(Data to examine)

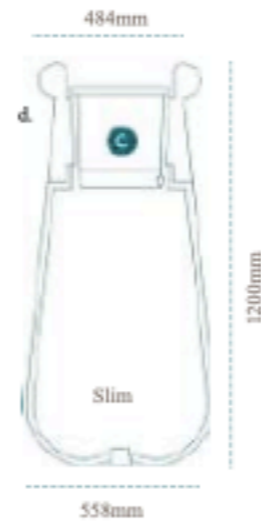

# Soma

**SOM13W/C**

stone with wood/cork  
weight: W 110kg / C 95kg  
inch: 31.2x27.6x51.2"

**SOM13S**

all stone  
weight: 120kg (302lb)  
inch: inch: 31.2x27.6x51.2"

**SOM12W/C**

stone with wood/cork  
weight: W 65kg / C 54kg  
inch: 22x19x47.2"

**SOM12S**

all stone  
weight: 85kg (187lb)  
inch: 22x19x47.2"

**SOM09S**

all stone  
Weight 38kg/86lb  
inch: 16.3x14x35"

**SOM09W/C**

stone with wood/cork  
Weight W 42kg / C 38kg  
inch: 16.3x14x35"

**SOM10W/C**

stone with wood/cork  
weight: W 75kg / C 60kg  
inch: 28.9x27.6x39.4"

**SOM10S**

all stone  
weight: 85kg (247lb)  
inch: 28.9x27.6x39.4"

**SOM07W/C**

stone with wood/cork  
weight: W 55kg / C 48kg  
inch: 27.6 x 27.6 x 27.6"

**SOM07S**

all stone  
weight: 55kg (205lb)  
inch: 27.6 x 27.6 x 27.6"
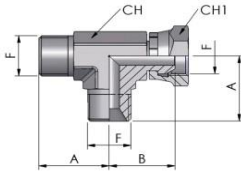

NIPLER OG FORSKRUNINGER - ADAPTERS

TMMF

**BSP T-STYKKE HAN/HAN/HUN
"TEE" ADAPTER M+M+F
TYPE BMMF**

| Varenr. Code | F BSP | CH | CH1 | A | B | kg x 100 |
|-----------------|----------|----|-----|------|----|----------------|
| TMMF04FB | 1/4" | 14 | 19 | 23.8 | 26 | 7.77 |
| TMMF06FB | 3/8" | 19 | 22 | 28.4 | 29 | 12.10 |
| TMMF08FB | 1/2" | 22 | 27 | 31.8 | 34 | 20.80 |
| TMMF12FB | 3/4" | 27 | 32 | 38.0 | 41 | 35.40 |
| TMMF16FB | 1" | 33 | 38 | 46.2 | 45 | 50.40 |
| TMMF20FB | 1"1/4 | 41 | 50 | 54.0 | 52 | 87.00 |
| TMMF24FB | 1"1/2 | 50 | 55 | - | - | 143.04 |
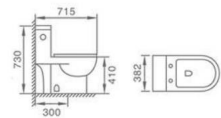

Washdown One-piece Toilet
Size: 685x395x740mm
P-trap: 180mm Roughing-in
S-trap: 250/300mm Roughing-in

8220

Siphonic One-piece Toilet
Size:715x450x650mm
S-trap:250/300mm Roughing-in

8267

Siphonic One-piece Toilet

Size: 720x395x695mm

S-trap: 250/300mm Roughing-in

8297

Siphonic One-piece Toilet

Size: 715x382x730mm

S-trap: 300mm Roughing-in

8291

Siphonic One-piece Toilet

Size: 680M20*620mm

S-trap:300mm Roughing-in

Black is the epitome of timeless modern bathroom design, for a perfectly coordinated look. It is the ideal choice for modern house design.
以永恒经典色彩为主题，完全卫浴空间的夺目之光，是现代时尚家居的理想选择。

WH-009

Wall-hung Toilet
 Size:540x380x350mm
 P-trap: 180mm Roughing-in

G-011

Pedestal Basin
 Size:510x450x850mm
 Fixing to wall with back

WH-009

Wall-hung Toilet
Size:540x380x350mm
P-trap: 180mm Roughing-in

(End Data to examine)

Write down only the closing run of lines: the one containing "以永恒经典色彩为主题，完全卫浴空间的夺目之光，是现代时尚家居的理想选择。" and every line after it to the end of the entries, exactly.

**Output:**
以永恒经典色彩为主题，完全卫浴空间的夺目之光，是现代时尚家居的理想选择。

WH-009

Wall-hung Toilet
 Size:540x380x350mm
 P-trap: 180mm Roughing-in

G-011

Pedestal Basin
 Size:510x450x850mm
 Fixing to wall with back

WH-009

Wall-hung Toilet
Size:540x380x350mm
P-trap: 180mm Roughing-in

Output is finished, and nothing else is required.